Hello everyone! I want to tell you how I decided on data mining and how I am progressing.
First of all, I am studying both data mining and software in the department I studied.When I was in my school, I always wondered whether I want to be a software developer or a data miner.but I had no time to decide.When the pandemic happened, I had time to think. what do I want?
I decided to do an internship in a software company to see the environment I want to work in.I learned languages and sql that I do not know but I realized that I did not want to develop a desktop application or an android application.
I went to a bigger city and started an internship in the R&D department of a cyber security company.
I was very confused and realized that meeting with my mentor would help me more. He said that when I first met him I was very confused. we thought of drawing me a road map. Later we were talking about this at the company where I did an internship.
First of all, if I was to progress in the software branch, I had to decide which software language to choose.
I decided to work with python. When I looked at the education I received at school, I realized that I enjoyed mathematics and I received an assignment from the company I was in for machine learning.
In the talks with my mentor, he said that I was on the right track and that I was more determined. He said that I should record what I did while drawing my roadmap, and decide what to do next and write them down as well.
I would like to tell you what I do while doing machine learning and what are the difficult parts of them.
First of all, I would like to tell you what I do while doing machine learning and what are the hardships of them.I first researched what is machine learning and how it is done.When I first found out, I said clear the data and link it to an algorithm.but when I succeeded one stage, a different stage emerged. I always noticed a deficiency when I said I was approaching the result.
it was a very difficult process to make sense of the data.
first I thought about what format I want the data in.I proceeded from the result to the beginning because I wanted to write an algorithm according to the result.
There were too many missing values and commas in my data and they had to be in rows.
How would I proceed without losing the row layout?
I’ve never done a file I / o operation before.
We can read row by row data using readlines().yes I thought I had come a long way.
But I got scared again when I saw that the new term waiting for me was ‘search’.I only intervened with the data via excel ‘ctrl + f’.my friend from my workplace said that there is a structure called regex and it will be useful if I investigate.When I searched, I found a function called findall but it didn’t work.because when I made readlines, I actually made them a list.
I realized I found something wrong.I researched again.
On the one hand, I learned regex while researching.
I found the search function.
this time I encountered a different error.It was working the way I wanted it to be, but it couldn’t print it out.This is because I had to group it when outputting this function.it sounded ridiculous, but I still did it. I got what I wanted.
if level_search: level=level_search.group()
I thought I did the hard work. but what would I do with the values I found?
I wrote 4 lines of code, but a lot of time is gone.hard to find way I have found but it looks too small.Anyway I return to the topic. i decided i had to change what i found and print in a format.At first I thought of changing the values and putting them into the format, but it didn’t. I tried hard but it never worked that way.
so I had to format it first. but how?
I’m here again after a long time.In order to organize it, I first need to clean up the pollution in the data.because the data I have is in ‘level=””traffic’ format.
I want to search and get only (=) the right side of the value I find. And I don’t want commas. I will use the split function too.
splitted_level= level.split(‘ “” ’)
I split it from commas. I did two operations in one line.I feel perfect.I can now use it as an index.
but what do I do with this index? How do I format them?

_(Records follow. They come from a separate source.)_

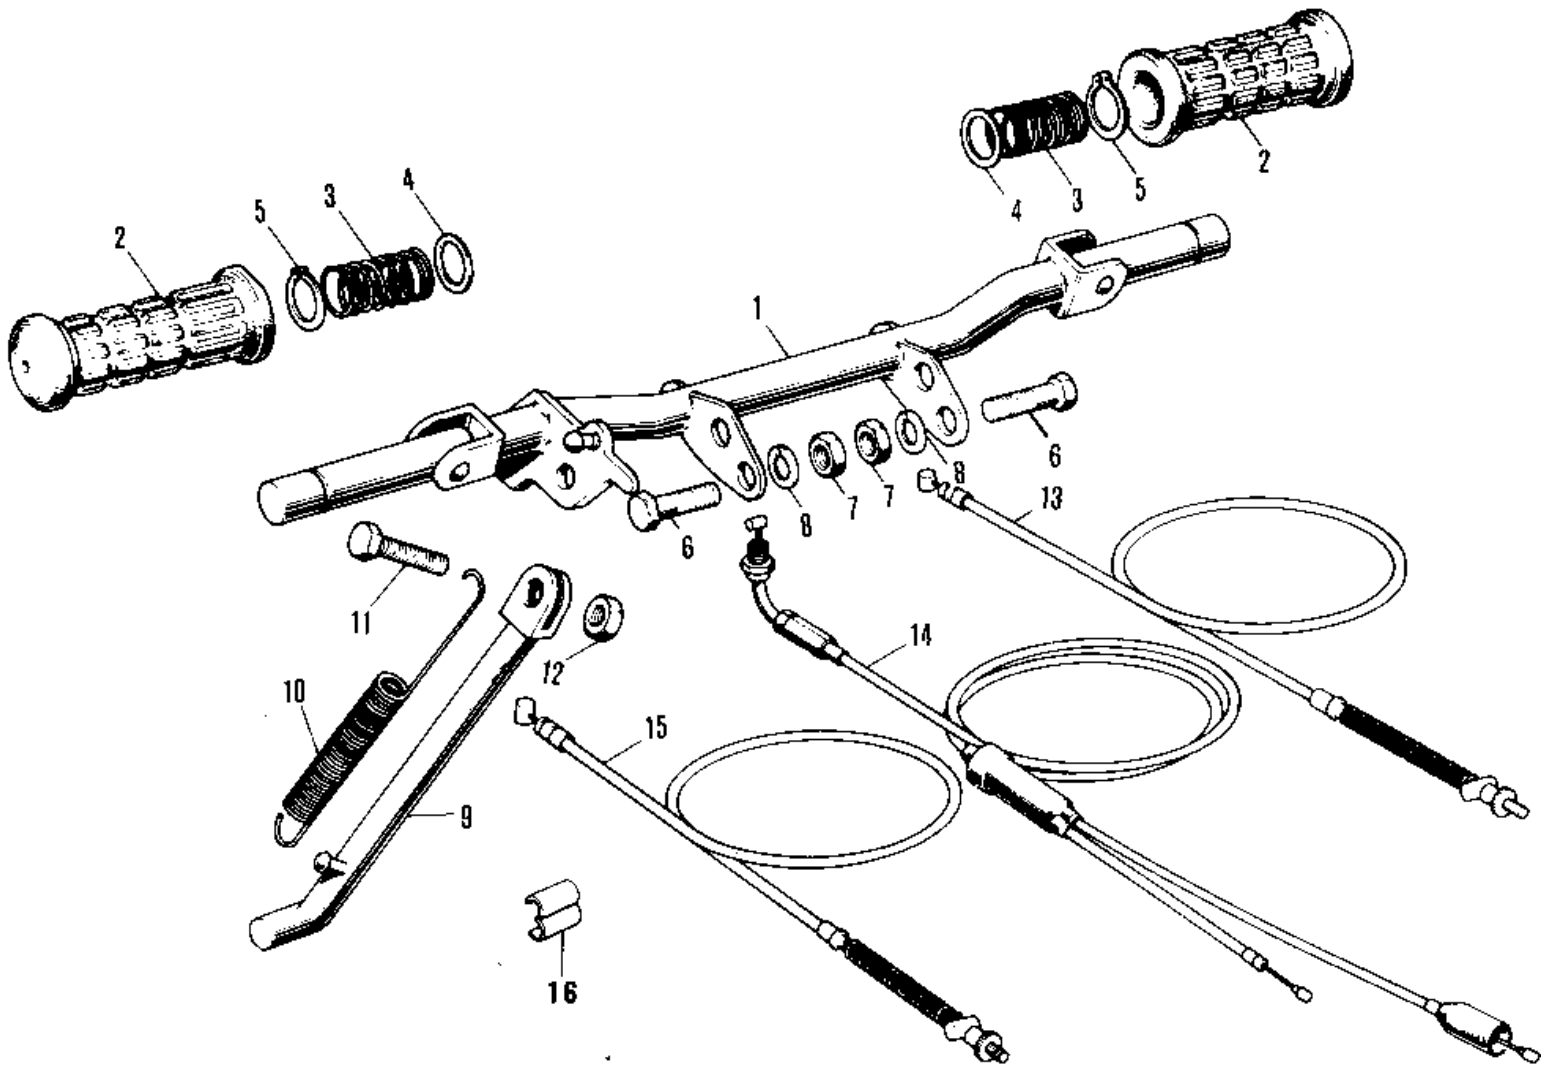

1972 MT1A PARTS DIAGRAM

FOOTRESTS/STAND/CABLES ('76-'80)

1972 MT1A PARTS LIST

FOOTRESTS/STAND/CABLES ('76-'80)

ITEM NAME	PART NUMBER	QUANTITY
BAR-FOOTREST (Ref # 1)	34002-029	1
RUBBER FOOTREST (Ref # 2)	92076-006	2
SPRING FOOTREST PEG (Ref # 3)	34006-002	2
WASHER FOLDING PEG (Ref # 4)	92022-049	2
CIRCLIP 16MM (Ref # 5)	480J1600	2
BOLT,HEX HEAD,10X18 (Ref # 6)	113G1018	2
NUT,10MM (Ref # 7)	314B1000	2
WASHER SPRING 10MM (Ref # 8)	461F1000	2
STAND-SIDE (Ref # 9)	34024-050	1
SPRING MAIN STAND (Ref # 10)	34023-005	1
BOLT,HEX HEAD,10X25 (Ref # 11)	113G1025	1
NUT 10MM (Ref # 12)	315B1000	2
CABLE-FRONT BRAKE (Ref # 13)	54005-058	1
CABLE,THROTTLE (Ref # 14)	54012-129	1
CABLE,THROTTLE (Ref # 14)	54012-1015	1
CABLE-REAR BRAKE (Ref # 15)	54022-020	1
CLAMP-CABLE (Ref # 16)	92037-069	1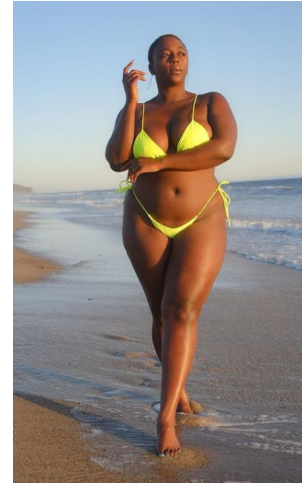

MIPM MODELS

Jakarra Waddell

Height : 5'8" / 173 cm | Bust : 44" / 112 cm | Waist : 38" / 97 cm | Hips : 49.5" / 126 cm | Shoe : 10.0 US / 7.0 UK | Hair Colour : Blonde | Eyes : Brown

MIPM MODELS

MPM MODELS

MPM MODELS

MIPM MODELS

MIPM MODELS

MPM MODELS

Jakarra Waddell

Height : 5'8" / 173 cm | Bust : 44" / 112 cm | Waist : 38" / 97 cm | Hips : 49.5" / 126 cm | Shoe : 10.0 US / 7.0 UK | Hair Colour : Blonde | Eyes : Brown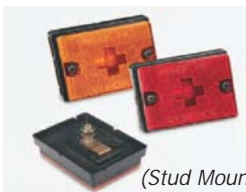

(Stud Mount)

STUD MOUNT
WE203111 Amber
WE203113 Red

Replacement Lens Only
WE3337 Red
WE3338 Amber

15" LED STOP/TAIL/TURN

TL44120CR
RED LED W/CLEAR LENS
STOP/TAIL/TURN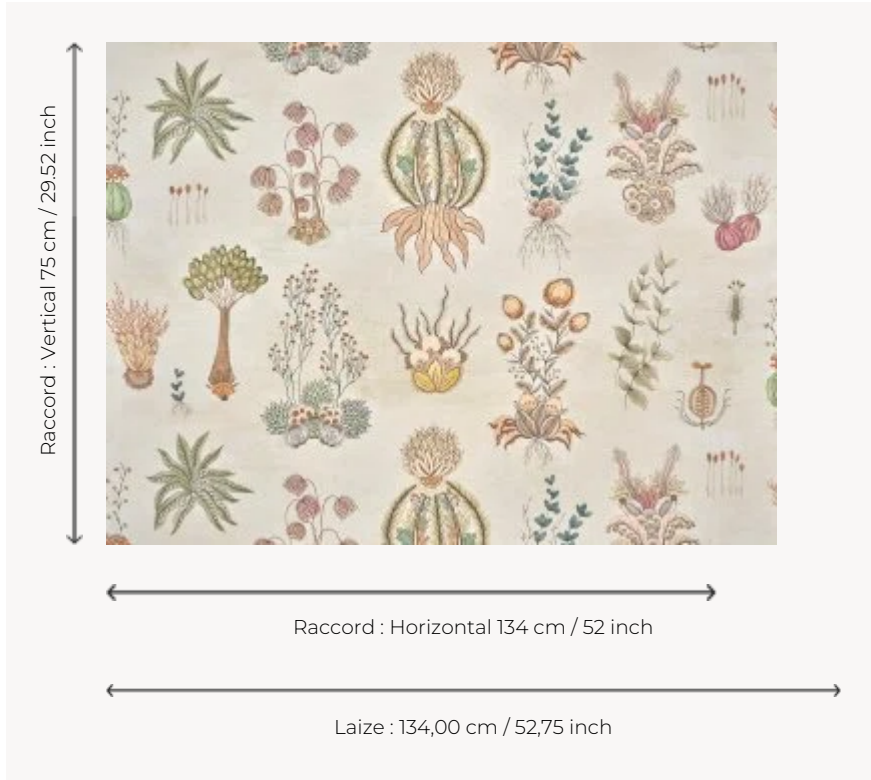

## FP090001 KEIKO

This design by Keiko Yanagisawa depicts a fantastic herbarium of tropical plants and aquatic vegetation. For this artist, the natural world is the most complex and perfect form of art imaginable. The technique of printing on non-woven backing aptly conveys the delicacy of her work.

### FP090001 - Lie de vin

### Pierre Frey

<b>TYPE</b>	Wide width printed wallpapers
<b>ARTIST</b>	Keiko Yanagisawa
<b>SALES UNIT</b>	Available per meter/yard
<b>BACKING</b>	NON WOVEN
<b>COMPOSITION</b>	-
<b>WIDTH</b>	134 cm / 52,75 inch
<b>REPEAT</b>	H: 134 cm - 52,00 inch V: 75 cm - 29,52 inch Half drop repeat
<b>WEIGHT</b>	155 gr / m <sup>2</sup>
<b>CARE</b>	
<b>TRIMMING</b>	Pretrimmed
<b>HANGING/REMOVING</b>	Paste the wall Strippable
<b>CERTIFICATIONS</b>	EUROCLASS C-s1,d0 ASTM E84 Class A
<b>INFORMATION</b>	Use the trim & join marks during installation. Double-cut installation.
<b>BOOK</b>	F9979PPFREY46

1 Colors

FP090001  
Lie de vin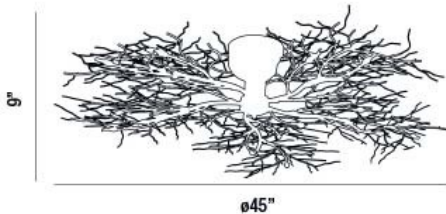

AUTUMN, WALL MOUNT

OPTIONS AVAILABLE

ITEM NO.	FINISH	SHADE
12264-018	CHROME	CHROME

PRODUCT DETAILS

No.	:	12264-018
Product Color	:	CHROME
Product Material	:	METAL
Shade / Accent Colour	:	CHROME
Shade / Accent Material	:	METAL BRANCHES
Diameter	:	45"
Height	:	9"
Weight	:	23.1lbs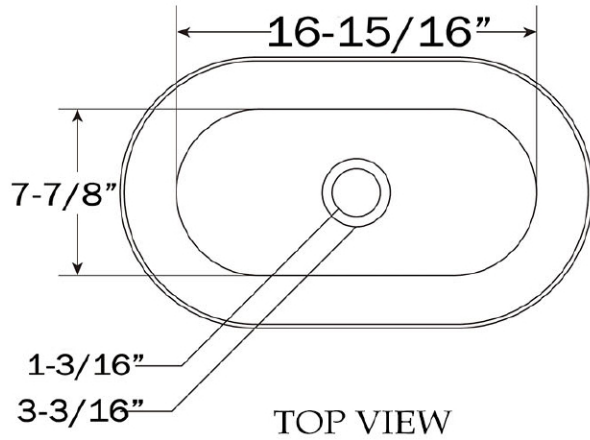

MAIDSTONE

www.MaidstoneSupply.com

Oblong Vessel Bathroom Sink

Part No: SINK-VS-2

Contact Maidstone for additional information and specifications. For complete warranty information and a list of dealers visit www.MaidstoneSupply.com. All products and specifications are subject to change without notice. Maidstone is not responsible for typographical and/or dimensional errors. Typographical errors are subject to correction.

Note: Rough-in dimensions may vary +/- 1/2" and are subject to change. No responsibility is assumed by Maidstone.

the way I used in a project I did before came to mind.I saved the data I would use as a array.Then I can store the data I split as an array.I did defined an empty array. first_format= I can add my data there.
My friend said you can use append.I learned this at school.first time, I use a function I learned in school.
first_format.append(splitted_level+’,’) I used index  here.Because I had splitted data.and i learned that commas work when i use csv.I added commas next to them and I succeeded.
Now my data is in the format I want.
So what would I write to the value places I couldn’t find when I regexed?
I remembered using if.
If I can’t find I can add a value.
I dont know how this came to my mind.I feel my algorithm thinking improving now. all that’s left is to rewrite this for every data I want and add for ‘for i in data:’
Now my format is ready.I can now replace the data it with the values I want.
After a long research I learned that English is really necessary.because I could not find what I was looking for. Not used for replace list.Other than that,I find requires too much for.I rested my brain a little.
what am i looking?
After long research I found a change algorithm.meets my needs without much confusion. find and replace multiple words in a file python .I added the things I want to change here. And i did.
I did now parsed my data.seemed like it would never end.I have reached what I have to do now.
I think my way is getting shorter.I start research now.
How do I use machine learning algorithm?